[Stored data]
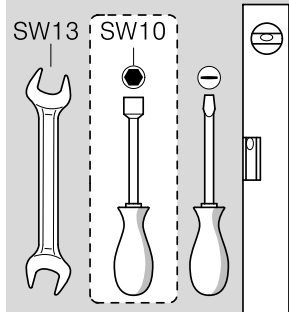

Torx
T 15

nicht einklemmen
do not pinch
ne pas coincer
No doblar

Ø4X15

Torx
T 20

Torx T 15
Torx T 20

verspannen
brace
calar verticalement
Enrasar

Ø4X15

Torx
T 20

Dichtheit prüfen
Check for leaks
Verifiez l'étanchéité
Verificar la estanqueidad

max. 10 Nm

Dichtheit prüfen
 Check for leaks
 Verifiez l'étanchéité
 Verificar la estanqueidad
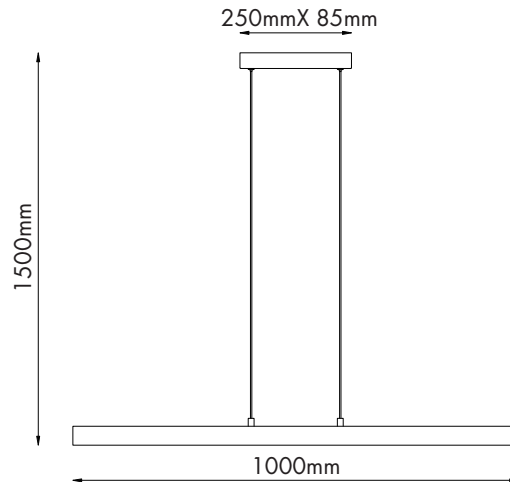

INSTRUCTION MANUAL

Balo HL 4 Black with Gold 93699

1.

2.

3.

4.

Pendant lamp
incl. LED 4x QL7001069
4x490lm Module
1037lm Lamp
4x4.3W LED
220-240V~50Hz
2700K
CRI>80
30000 h
15000 ON/OFF

Overall Sizes:

93699

4x4.3W LED

incl. LED Board: QL7001069

220-240V~50Hz

<p>(DE) Dieses Produkt enthält eine Lichtquelle der Energieeffizienzklasse F (EN) This product contains a light source of energy efficiency class F (FR) Ce produit comprend une source de lumière de classe d'efficacité énergétique F (NL) Dit product bevat een lichtbron van energie-efficiëntieklasse F (PL) Produkt ten zawiera źródło światła o klasie efektywności energetycznej F (NO) Dette produktet inneholder en lyskilde i energieeffektivitetsklasse F (DK) Dette produkt indeholder en lyskilde af energieeffektklasse F (SE) Denna produkt innehåller en ljuskälla i energieffektivitetsklass F (FI) Tämä tuote sisältää energiatehokkuusluokan F valonlähteen (IT) Questo prodotto contiene una sorgente luminosa della classe di efficienza energetica F (ES) Este producto contiene una fuente de luz de la clase de eficiencia energética F (CZ) Tento výrobek obsahuje světelný zdroj třídy energetické účinnosti F (PT) Este produto contém uma fonte de luz da classe de eficiência energética F (GR) Αυτό το προϊόν περιέχει μια φωτεινή πηγή ενεργειακής απόδοσης κλάσης F (SK) Tento výrobok obsahuje zdroj svetla triedy energetickej efektivity F</p>	QR	EAN
		8718881055256
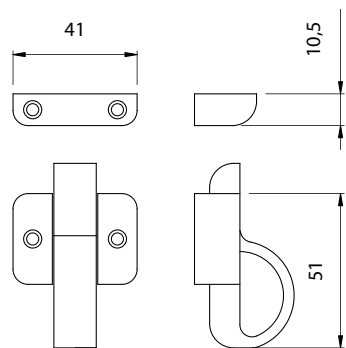

CRICCHETTI E BRACCI WASISTAS

NYLON RATCHET AND WASISTAS SYSTEMS

LOQUETEAU ET SYSTÈMES WASISTAS

CIERRE GOLPETE Y BRAZOS VASCULANTES

CRICCHETTI

ART. 0066 - ART. 0100 - ART. 0101 - ART. 0102

- I **Cricchetto**
Chiusura a scatto per finestre ad apertura interna
- GB **Nylon ratchet**
Latch bolt kit for inward opening windows.
- FR **Loqueteau**
Serre à ressort pour fenêtre à ouverture intérieure.
- E **Cierre golpete**
Cerradero para ventanas de abertura interna.

Art. 0066
Cricchetto in nylon con spessori in nylon
Nylon ratchet with nylon spacers
Loqueteau en nylon avec épaisseurs en nylon
Cierre golpete de nylon con regruesso de nylon

Art. 100
Cricchetto in zama
Zamak ratchet
Loqueteau en zamak
Cierre golpete de zamak

ART. 0140

I Meccanismo di apertura sganciabile per sistemi wasistas
Realizzato in acciaio inox e zama. Completo di accessori per il fissaggio. Può essere inserito ad infisso ultimato ed è possibile regolare l'angolo di apertura agendo sul piastrino di blocco.

ART.

0140

10 cp.

121

PROFILI - PROFILES - PROFILÉS - PERFILES

ABITHAL GREEN	EXPORT 45 T.T.
ABITHAL KEEPER	EXPORT 50
ABITHAL POINT	EXPORT 50 T.T.
ALL.CO 5 SORM.	GLOBAL 45
ALL.CO P4	GOLD 400
BPDEGA BGA	GOLD 500
DOMAL BREAK	GOLD 490 T.T.
DOMAL STOPPER	NC 45 INT.
EKIP 50 SORM	NEW TEC 50
EKU 53	NEW TEC 52 T.T.
EKU 53 T.T.	NEW TEC 60 T.T.
EKU 64 T.T.	NUOVO NC 40 SORM
EKU 72 T.T.	SISTEMA 1
R 40	SISTEMI 8000
R 50 T.T. (BARRA CONTINUA)	SYNTESIS 45
EXPORT 45	
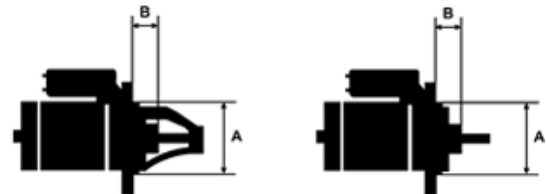

Data

AS index	S4019
Kategória	Štartéry
Výrobca	AS-PL
Náhrada za	Lucas

Vlastnosti produktu

Rozmer A [mm]	89
Rozmer B [mm]	29
Príkonnosť [kW]	2.8
Napätie [V]	12
Počet otvorov v hlavici	3
Počet zubov (zapadá do)	10
Otáčková rýchlosť štartéra	CW
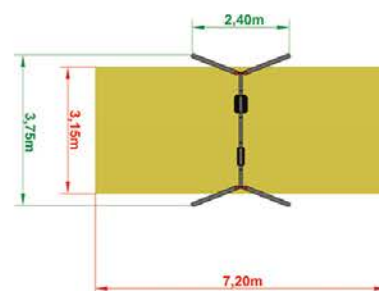

Masz pytania? **Napisz** na **office@aktiv.pl** lub **zadzwoń: 509 901 555**

Indywidualnej wycenie podlegają zestawy wykonane z drewna klejonego. Podane ceny nie zawierają kosztów transportu. Istnieje możliwość przekształcenia zestawu – dodatkowa indywidualna kalkulacja. Kolory elementów zestawów dobierane są losowo i mogą różnić się od prezentowanych na wizualizacji.
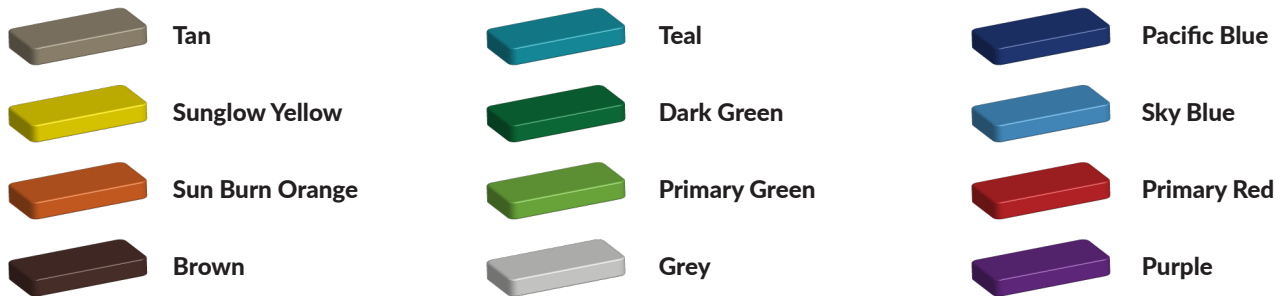

Spel paneel kleuren vergelijken

Leeftijd tot 8 jaar

€1.063 excl. BTW

€1.286,23 incl. BTW

Toestelspecificaties

Toestel grootte

L 79 cm X B 6 cm X H 1000 cm

Productcode PE-P20198

Foto's

Bepaal zelf de kleuren van je professionele speeltoestel

Kleuren zijn belangrijk in een mensenleven. Kleuren kunnen een bepaald gevoel of een bepaalde sfeer oproepen. Kleuren kunnen de stemming beïnvloeden en geven informatie. Bij de inrichting van een speelplek is het daarom belangrijk rekening te houden met de kleurbeleving van kinderen. En die kunnen per leeftijdsgroep verschillen. Hoe belangrijk is het dan om zelf de kleuren voor een speeltoestel te kunnen kiezen? En deze service is bij TnT Speeltoestellen zonder extra meerkosten!

Kunststof kleuren

Metaal kleuren

PE Kleuren Polyetheen

Onze PE panelen zijn in verschillende diktes leverbaar

Enkele kleuren PE

Dubbele kleuren PE

Technisch materialenoverzicht

Op deze pagina vind je een lijst met de meest gebruikte materialen in onze speeltoestellen en andere producten. Mocht je specifieke informatie wensen over een bepaald toestel of de gebruikte materialen, neem dan even contact met ons op.
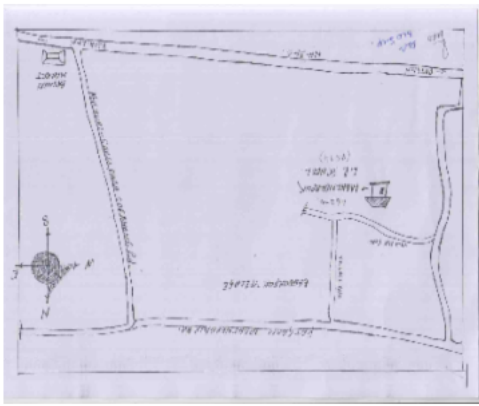

নিৰ্বাচক পঞ্জীয়ন বিষয়াৰ স্বাক্ষৰ

Nazri Naksha

Google Map View

Polling Station Building Front View

ভোটগ্ৰহন কেন্দ্ৰৰ সন্মুখৰ দৃশ্য

Cad View

Key MAP View

1 নাম : হৰি নাৰ্জাৰী পিতাৰ নাম: মহিসং নাৰ্জাৰী ঘৰ নং : 0 বয়স : 39 লিঙ্গ : পুৰুষ	HJL0005060 ফটো উপলব্ধ	2 নাম : ৰিংকি নাৰ্জাৰী স্বামীৰ নাম: ফুৰেন নাৰ্জাৰী ঘৰ নং : 00 বয়স : 30 লিঙ্গ : মহিলা	HJL0000927 ফটো উপলব্ধ	3 নাম : ৰহেন্দ্ৰ নাৰ্জাৰী পিতাৰ নাম: নৰসিংহ নাৰ্জাৰী ঘৰ নং : 8 বয়স : 47 লিঙ্গ : পুৰুষ	HJL0005064 ফটো উপলব্ধ
4 নাম : দিকা নাৰ্জাৰী স্বামীৰ নাম: ৰহেন্দ্ৰ ঘৰ নং : 8 বয়স : 44 লিঙ্গ : মহিলা	HJL0005065 ফটো উপলব্ধ	5 নাম : বিৰখং নাৰ্জাৰী পিতাৰ নাম: মন্ড নাৰ্জাৰী ঘৰ নং : 4 বয়স : 29 লিঙ্গ : পুৰুষ	HJL0124768 ফটো উপলব্ধ	6 নাম : সমৰসিং নাৰ্জাৰী পিতাৰ নাম: ৰহেন্দ্ৰ নাৰ্জাৰী ঘৰ নং : 8 বয়স : 27 লিঙ্গ : পুৰুষ	HJL0299222 ফটো উপলব্ধ
7 নাম : কনিৰাম নাৰ্জাৰী পিতাৰ নাম: মন্ড নাৰ্জাৰী ঘৰ নং : 4 বয়স : 27 লিঙ্গ : পুৰুষ	QSP0029116 ফটো উপলব্ধ	8 নাম : মনদো নাৰ্জাৰী পিতাৰ নাম: মহিসং নাৰ্জাৰী ঘৰ নং : 8ক বয়স : 41 লিঙ্গ : পুৰুষ	HJL0633628 ফটো উপলব্ধ	9 নাম : ৰহেলা নাৰ্জাৰী স্বামীৰ নাম: মন্দো নাৰ্জাৰী ঘৰ নং : 8ক বয়স : 44 লিঙ্গ : মহিলা	HJL0005068 ফটো উপলব্ধ
10 নাম : গীতা নাৰ্জাৰী স্বামীৰ নাম: হৰি নাৰ্জাৰী ঘৰ নং : 5 বয়স : 41 লিঙ্গ : মহিলা	HJL0005070 ফটো উপলব্ধ	11 নাম : দ্বিজেন্দ্ৰ বসুমতাৰী পিতাৰ নাম: কলম ঘৰ নং : 6 বয়স : 55 লিঙ্গ : পুৰুষ	HJL0005071 ফটো উপলব্ধ	12 নাম : বিৰবায়না বসুমতাৰী স্বামীৰ নাম: দ্বিজেন ঘৰ নং : 6 বয়স : 51 লিঙ্গ : মহিলা	HJL0005072 ফটো উপলব্ধ
13 নাম : অৰ্গ বসুমতাৰী পিতাৰ নাম: কমল ঘৰ নং : 6 বয়স : 34 লিঙ্গ : পুৰুষ	HJL0005073 ফটো উপলব্ধ	# 14 নাম : খৌৰৌমুদাও বসুমতাৰী পিতাৰ নাম: দ্বিজেন্দ্ৰ ঘৰ নং : 6 বয়স : 36 লিঙ্গ : পুৰুষ	HJL0005074 ফটো উপলব্ধ	15 নাম : বিনোদ বসুমতাৰী পিতাৰ নাম: দ্বিজেন্দ্ৰ ঘৰ নং : 6 বয়স : 30 লিঙ্গ : পুৰুষ	HJL1044571 ফটো উপলব্ধ
16 নাম : সৌদমশ্ৰী বসুমতাৰী স্বামীৰ নাম: অৰ্গা বসুমতাৰী ঘৰ নং : 6 বয়স : 30 লিঙ্গ : মহিলা	HJL2101533 ফটো উপলব্ধ	17 নাম : জয়ন্তী বসুমতাৰী স্বামীৰ নাম: বিন্দ বসুমতাৰী ঘৰ নং : 6 বয়স : 24 লিঙ্গ : মহিলা	HJL1374016 ফটো উপলব্ধ	18 নাম : মনিকা বসুমতাৰী পিতাৰ নাম: দ্বিজেন্দ্ৰ বসুমতাৰী ঘৰ নং : 6 বয়স : 22 লিঙ্গ : মহিলা	HJL1353796 ফটো উপলব্ধ
19 নাম : ৰবিন পিতাৰ নাম: দ্বাৰেন্দ্ৰ ঘৰ নং : 9 বয়স : 74 লিঙ্গ : পুৰুষ	HJL0005075 ফটো উপলব্ধ	20 নাম : লামৰে বসুমতাৰী স্বামীৰ নাম: লাইছা বসুমতাৰী ঘৰ নং : 9 বয়স : 48 লিঙ্গ : মহিলা	HJL0565168 ফটো উপলব্ধ	21 নাম : লাইছা বসুমতাৰী পিতাৰ নাম: পৰ্ৰছিন ঘৰ নং : 9 বয়স : 47 লিঙ্গ : পুৰুষ	HJL0005077 ফটো উপলব্ধ
22 নাম : দানসীৰাং বসুমতাৰী পিতাৰ নাম: প্ৰবিন বসুমতাৰী ঘৰ নং : 7 বয়স : 33 লিঙ্গ : পুৰুষ	HJL2239218 ফটো উপলব্ধ	23 নাম : সনেমা বসুমতাৰী স্বামীৰ নাম: দানসীৰাং বসুমতাৰী ঘৰ নং : 7 বয়স : 33 লিঙ্গ : মহিলা	HJL2239226 ফটো উপলব্ধ	24 নাম : বাবিশ্বৰ বসুমতাৰী পিতাৰ নাম: লাইছা বসুমতাৰী ঘৰ নং : 9 বয়স : 23 লিঙ্গ : পুৰুষ	HJL1125327 ফটো উপলব্ধ
25 নাম : উদাং বসুমতাৰী পিতাৰ নাম: লাইছা বসুমতাৰী ঘৰ নং : 9 বয়স : 22 লিঙ্গ : পুৰুষ	HJL1374008 ফটো উপলব্ধ	26 নাম : অনসুলী বসুমতাৰী স্বামীৰ নাম: উদাং বসুমতাৰী ঘৰ নং : 7 বয়স : 19 লিঙ্গ : মহিলা	QSP0094045 ফটো উপলব্ধ	27 নাম : দৈমাণু নাৰ্জাৰী পিতাৰ নাম: নৰসিং ঘৰ নং : ৮ বয়স : 40 লিঙ্গ : পুৰুষ	HJL0005082 ফটো উপলব্ধ
28 নাম : ৰেতেম নাৰ্জাৰী পিতাৰ নাম: নৰসিং ঘৰ নং : ৮ বয়স : 38 লিঙ্গ : পুৰুষ	HJL0005083 ফটো উপলব্ধ	29 নাম : ৰঙ্গীনা নাৰ্জাৰী স্বামীৰ নাম: ৰেতেম নাৰ্জাৰী ঘৰ নং : ৮ বয়স : 36 লিঙ্গ : মহিলা	HJL1034828 ফটো উপলব্ধ	30 নাম : সঞ্জীত নাৰ্জাৰী পিতাৰ নাম: নৰসিং নাৰ্জাৰী ঘৰ নং : ৮ বয়স : 33 লিঙ্গ : পুৰুষ	HJL0005084 ফটো উপলব্ধ

[Exercise details]
In the data above, find the line with "Realizzato in acciaio" and the line with "Vlastnosti produktu". Please copy exactly those two lines and every line between them, but not the pictures.

[Task solution]
Realizzato in acciaio inox e zama. Completo di accessori per il fissaggio. Può essere inserito ad infisso ultimato ed è possibile regolare l'angolo di apertura agendo sul piastrino di blocco.

ART.

0140

10 cp.

121

PROFILI - PROFILES - PROFILÉS - PERFILES

ABITHAL GREEN	EXPORT 45 T.T.
ABITHAL KEEPER	EXPORT 50
ABITHAL POINT	EXPORT 50 T.T.
ALL.CO 5 SORM.	GLOBAL 45
ALL.CO P4	GOLD 400
BPDEGA BGA	GOLD 500
DOMAL BREAK	GOLD 490 T.T.
DOMAL STOPPER	NC 45 INT.
EKIP 50 SORM	NEW TEC 50
EKU 53	NEW TEC 52 T.T.
EKU 53 T.T.	NEW TEC 60 T.T.
EKU 64 T.T.	NUOVO NC 40 SORM
EKU 72 T.T.	SISTEMA 1
R 40	SISTEMI 8000
R 50 T.T. (BARRA CONTINUA)	SYNTESIS 45
EXPORT 45	

Data

AS index	S4019
Kategória	Štartéry
Výrobca	AS-PL
Náhrada za	Lucas

Vlastnosti produktu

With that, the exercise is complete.